Automation allows you to simplify the data preparation process, reducing the time it takes to model data. It allows you to operationalize the results of your machine learning process as part of your enterprise analytics environment and enables AI to do its thing.
Let’s take a look at how automation can help your business rapidly and efficiently build a modern data estate.
- Utilizing a data management platform can provide a cohesive data foundation for analytics data in the cloud, on-premises or a hybrid. You can do so by eliminating the need and time to manually stitch together tools for ETL, data modeling, code management, security, and documentation.
- With an automated data management solution, scripts are automatically generated and kept up-to-date to reflect the correct names of fields and sources that have changed. When a system keeps track of security, you simply add the person to the same security group, without copy and pasting access rights or manually keeping track. The system always provides an up-to-date overview of people who have access to every piece of data.
- Calculations are only made once and reused throughout the entire solution and in every front-end to access the data hub or data warehouse. Automated data impact analysis and lineage can bring clarity about the origin of data, without IT having to answer these requests by going through hundreds of lines of code manually.
- The automatic creation of documentation keeps track of which data goes where. Admittedly, you’re still stuck with the task of reading that documentation, but that’s another matter. But more importantly, you can help support efforts to satisfy various audit and compliance requirements.
- Automation allows for automatic detection of changes in the data structure, and keeps systems up-to-date, making maintenance easier, and the adding of new data sources significantly faster and more flexible. This means more time for staff to put data to good use. By automating all the repetitive manual work that has been typically involved, businesses free up employees’ time and the reliance on resources—saving countless hours—and allowing them to focus their attention on more critical business matters.

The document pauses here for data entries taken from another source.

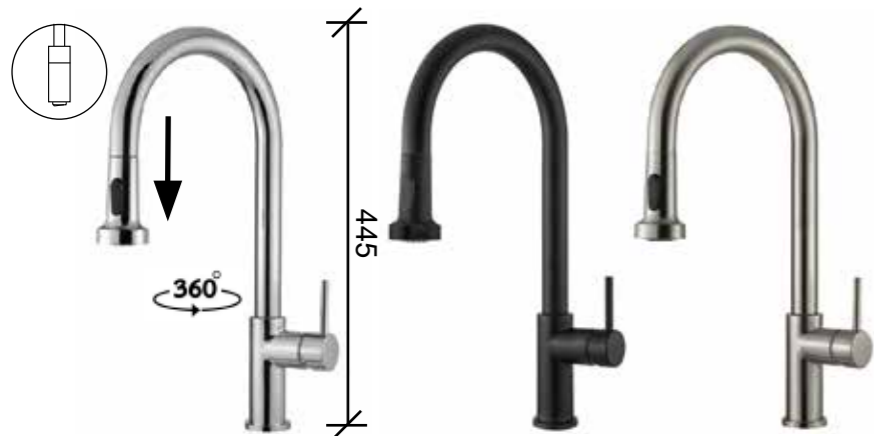

Kitchen

Ø 35 mm

306CR9202 _ TORINO

Miscelatore lavello, doccetta estraibile, flex cm 50.

One hole sink mixer, pull-out shower, flex cm 50.

ΥΔΡΟΑΝΑΜΙΚΤΗΡ ΝΕΡΟΧΥΤΗ ΜΕ ΕΞΕΡΧΟΜΕΝΗ ΚΕΦΑΛΗ.

CR € 158,06
NN € 179,66
AA € 195,71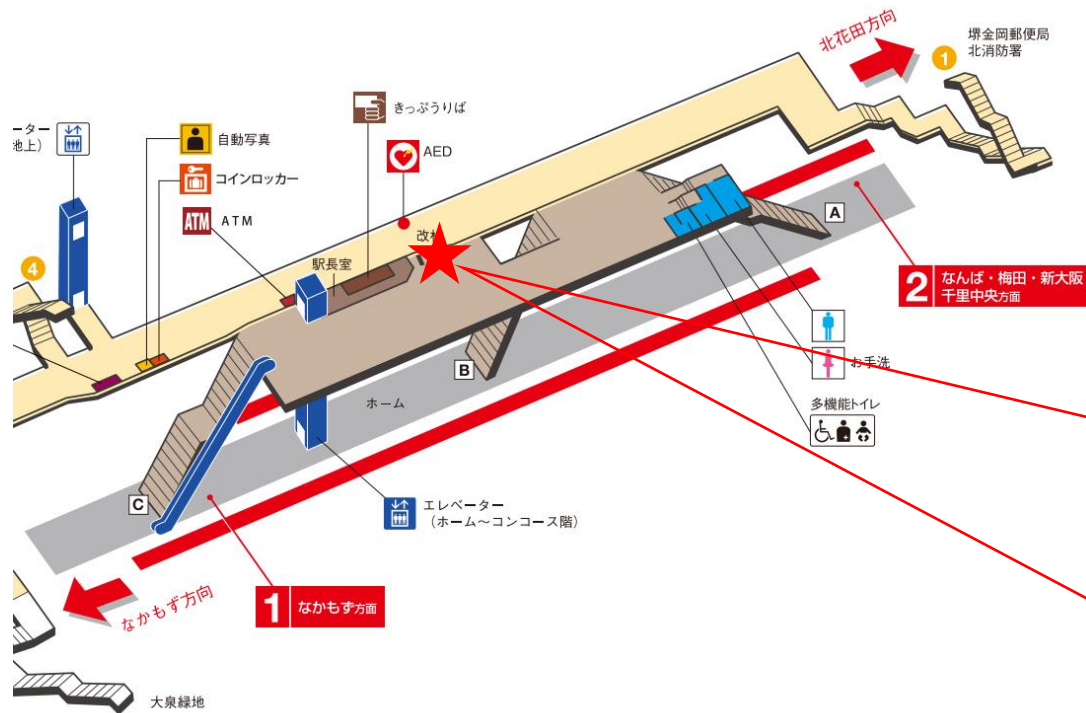

長居駅 北改札口

長居 (北)

顔認証カメラ撮影範囲

★ : 実験用改札機設置場所

※カメラ撮影範囲内では顔が写り込みますので
ご注意ください。

長居駅 北改札

あびこ駅 北東改札口

★：実験用改札機設置場所

※カメラ撮影範囲内では顔が写り込みますので
ご注意ください。

我孫子（北東）

顔認証カメラ撮影範囲

あびこ駅 北東改札

あびこ駅 北西改札口

★ : 実験用改札機設置場所

※カメラ撮影範囲内では顔が写り込みますので
ご注意ください。

あびこ駅 南東改札口

★：実験用改札機設置場所

※カメラ撮影範囲内では顔が写り込みますので
 ご注意ください。

あびこ駅 南西改札口

★ : 実験用改札機設置場所

※カメラ撮影範囲内では顔が写り込みますので
ご注意ください。

あびこ駅 南西改札

北花田駅 北改札口

★：実験用改札機設置場所

※カメラ撮影範囲内では顔が写り込みますので
ご注意ください。

新金岡駅 北改札口

★：実験用改札機設置場所

※カメラ撮影範囲内では顔が写り込みますので
ご注意ください。

なかもず駅 南改札口

★：実験用改札機設置場所

※カメラ撮影範囲内では顔が写り込みますので
ご注意ください。

大日駅 北改札口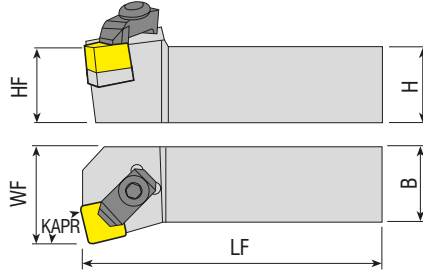

Takım Kodu Ordering Code Bestell-Bezeichnung	Stok Stock Lager		Takım Ölçüleri (mm) Dimension (mm) Abmessung (mm)				Kesici Uç Insert Wendeschneidplatte	Yedek Parçaları / Spare Parts / Ersatzteile					
	R	L	HF=H	B	LF	WF		Baskı Pabucu Wedge Clamp Spannpratze	Pabuç Vidası Clamp Screw Klemmschraube	Altlık Shim Unterlage	Altlık Vidası Shim Screw Schraube für Unterlage	Sekman Ring Feder	Anahtar Allen Key Inmenschenschlüssel
CSKNR/L 2525 M1207C	●	●	25	25	150	32	SN.N 1207..	ACK-13	AKV-11-M8x29	AASN-3-0004	AAV-02-M5x12	ACS-01	AAL-05-4
3232 P1207C	●	●	32	32	170	40

- There is no need to re-engineer when moving from legacy to new technologies. An analytics architecture built with an automated data management platform can handle variations in the underlying technology—meaning that moving from SQL to the cloud can be accomplished simply and quickly. The chores behind writing documentation, comprehending data lineage and maintaining security can become a thing of the past.
- You can easily populate a data hub or data lake with virtually any number and any type of data sources to fully automate a continuous flow of data in and out. To simplify and add to the data automation effort, organizations should consolidate, integrate and centralize all of their data sources into a central hub. All this results in a “one-stop shop” for all enterprise data and addresses the ongoing challenge organizations face on how to manage present and future data. It also means “one version of the truth” to help ensure consistency and data integrity throughout the business for all data users.
With automation, myriad hours of work by tech staff (and certainly external consultants) are substantially reduced. IT is freed from the responsibility of managing and performing those mundane tasks that can be easily handled with automation. IT can therefore become more of a supporting unit that empowers business users to leverage all the great and valuable information the organization has already stored as data, and all the new data that will flow into the company over time.
As laid out above, automation will improve an organization’s capability to use their data as intelligence for making better quality business decisions. The bottom line is this— by automating your corporate data estate, you’ll achieve better agility, faster access, and benefit from a holistic view of all your data.